In his talk, Avi will present Seaside as a heretic web framework, because by design it goes against what he says are today considered as best practices for web development:

  • Share as little state as possible.
  • Use clean, carefully chosen, and meaningful URLs.
  • Use templates to separate your model from your presentation.

This list made me wonder, how orthodox are Python web frameworks in this respect? A lot, I would say (not that this is a bad thing or anything).

The clean URL bit really is a point stressed strongly by some frameworks, like Zope. This seems to me to be a consequence of Python's own claims of readability and cleanliness and I think most Python frameworks strive for this.

Of course, Seaside doesn't just break this nice URL practice for the sake of ugliness, like some enterprisey CMS tools appear to do, but because it is necessary for its use of continuations. I see no reason why a Python framework would do this (well, unless it is built with stackless Python in mind).

The use of templates also seems to be a given for Python frameworks, though it is very hard to agree on a common way to do it. Template engines for Python are so varied and use so very different approaches and levels of flexibility, that one has to wonder if an API would at least reduce the time spent arguing about the merits of each template engine (of course, human nature being what it is, the flame war would then turn to be about the best way to design the API).

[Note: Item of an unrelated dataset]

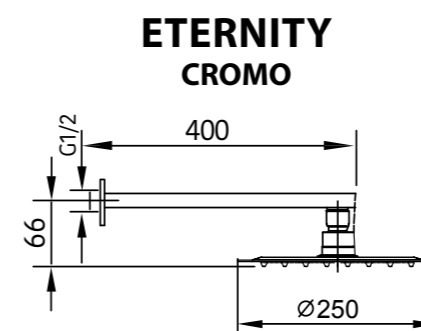

Conjunto de ducha termostática empotrado de 2 vías. Rociador cuadrado de Acero Inox.S304 de 25cm. Ultrafino y antical. Soporte de mango de ducha orientable, con salida de agua a pared. Flexo de PVC 1,5m. Mango de ducha cuadrado. **Caja de registro incluida.** Profundidad para empotrar 75-85mm. **Cartucho termostático VERNET.**

Seaside uses an HTML generation API for a number of reasons, the main one probably being the desire for writing all of the application using Smalltalk. In the Python world, this same reason has been used, for example, to criticize Zope's ZCML. A designer working with a Seaside developer would use CSS to alter the application's presentation. This can be done in a very elegant way, since Seaside uses a concept called halos to allow the designer to take a running copy of the application and alter the CSS of any defined element in place.

As for state sharing, the problem is, we all know, that the stateless request/response HTTP cycle makes it difficult to do this. You can use hidden fields or global sessions to get around it, but these are far from ideal solutions. Besides that, many session implementations requiere cookies and they can be turned off by the users. I think most Python frameworks use some kind of global sessions for this.

Seaside uses continuations to be able to store and recover the state of an application (actually, only those objects registered for this), which allows things like having the application flow to be expressed sequentially (but not necessarily executed in that order) or the back button really work like most users would expect.

Since Python doesn't support continuations, this kind of control flow tricks can't be done by Python frameworks (but see the reference to CherryFlow above). Still, I think it's interesting to see how Seaside and other frameworks attack this problem.

Seaside is a very interesting framework, worth looking at, if not for developing with it, at least to challenge our ideas of how web development should work. Like Avi said, just keep an open mind.